Teaching ideal quantum measurement, from dynamics to interpretation

Armen E. Allahverdyan; Roger Balian; Theo M. Nieuwenhuizen

doi:10.5802/crphys.180

Article de recherche

Teaching ideal quantum measurement, from dynamics to interpretation
[Enseigner les mesures quantiques idéales, de la dynamique à l’interprétation]

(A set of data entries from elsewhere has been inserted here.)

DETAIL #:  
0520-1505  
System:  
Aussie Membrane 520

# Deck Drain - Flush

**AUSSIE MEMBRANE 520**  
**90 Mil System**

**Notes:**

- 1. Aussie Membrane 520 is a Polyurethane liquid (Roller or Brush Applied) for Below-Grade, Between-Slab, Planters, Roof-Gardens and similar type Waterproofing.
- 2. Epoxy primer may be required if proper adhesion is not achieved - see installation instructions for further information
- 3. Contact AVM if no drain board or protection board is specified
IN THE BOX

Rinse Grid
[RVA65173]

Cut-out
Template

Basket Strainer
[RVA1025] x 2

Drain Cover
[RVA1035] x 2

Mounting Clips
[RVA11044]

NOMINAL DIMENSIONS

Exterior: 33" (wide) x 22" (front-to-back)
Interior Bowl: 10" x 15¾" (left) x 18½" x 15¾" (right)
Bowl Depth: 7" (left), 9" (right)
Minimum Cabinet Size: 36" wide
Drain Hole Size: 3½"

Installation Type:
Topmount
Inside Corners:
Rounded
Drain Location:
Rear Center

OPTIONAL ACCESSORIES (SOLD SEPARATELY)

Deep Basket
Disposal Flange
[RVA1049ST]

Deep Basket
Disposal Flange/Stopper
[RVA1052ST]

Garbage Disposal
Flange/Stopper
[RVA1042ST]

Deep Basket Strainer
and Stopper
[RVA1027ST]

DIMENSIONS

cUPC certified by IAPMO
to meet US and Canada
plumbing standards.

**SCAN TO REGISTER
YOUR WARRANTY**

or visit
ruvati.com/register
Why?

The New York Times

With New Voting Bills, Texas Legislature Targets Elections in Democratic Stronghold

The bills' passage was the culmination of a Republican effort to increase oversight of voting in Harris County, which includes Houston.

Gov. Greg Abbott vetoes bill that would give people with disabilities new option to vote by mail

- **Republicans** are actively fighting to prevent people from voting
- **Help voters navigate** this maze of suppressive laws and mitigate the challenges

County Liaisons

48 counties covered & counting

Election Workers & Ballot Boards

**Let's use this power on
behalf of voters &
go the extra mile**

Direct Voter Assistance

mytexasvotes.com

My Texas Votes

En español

Armen E. Allahverdyan ¹ ; Roger Balian ² ; Theo M. Nieuwenhuizen ³

¹ Yerevan Physics Institute, Alikhanian Brothers Street 2, Yerevan 375036, Armenia
² Institut de Physique Théorique, CEA Saclay, 91191 Gif-sur-Yvette cedex, France
³ Institute for Theoretical Physics, Science Park 904, 1098 XH Amsterdam, The Netherlands

Comptes Rendus. Physique, Volume 25 (2024), pp. 251-287.

Résumé
Abstract

On présente un cours doctoral sur les mesures idéales, processus dynamiques couplant le système testé S et un appareil A analysés en mécanique statistique quantique. Cet appareil A = M + B comprend un dispositif de mesure macroscopique M et un bain B. Les conditions requises pour l’idéalité de la mesure impliquent une forme spécifique du Hamiltonien du système composite isolé S + M + B. Les equations dynamiques résultantes sont solubles pour des modèles simples. Les lois de conservation engendrent deux mécanismes de relaxation indépendants, la troncature et l’enregistrement. Des approximations, justifiées par la grande taille de M et de B, sont nécessaires. La matrice densité finale $\hat{𝒟}$ (t_f) de S + A a une forme d’équilibre. Elle décrit globalement l’issue d’un large ensemble de processus similaires. Le problème de la mesure, extraire de $\hat{𝒟}$ (t_f) des propriétés physiques de processus individuels, provient ici de l’impossibilité de le scinder sans ambiguïté en parties décrivant des sous-ensembles de processus. On lève cette ambiguïté en postulant que chaque mesure individuelle aboutit à une valeur distincte A_i du pointeur macroscopique. Ceci est compatible avec les principes de la mécanique quantique. La règle de Born résulte alors de la loi de conservation de l’observable mesurée ; elle exprime la fréquence de chaque indication finale A_i de M en termes de l’état initial de S. La réduction de von Neumann apparaît comme une mise à jour de l’information résultant de la sélection d’un résultat A_i. On préconise l’emploi des termes q-probabilités ou q-corrélations lors de l’analyse de mesures d’observables non-commutatives. Ces idées peuvent être adaptées à divers types de cours.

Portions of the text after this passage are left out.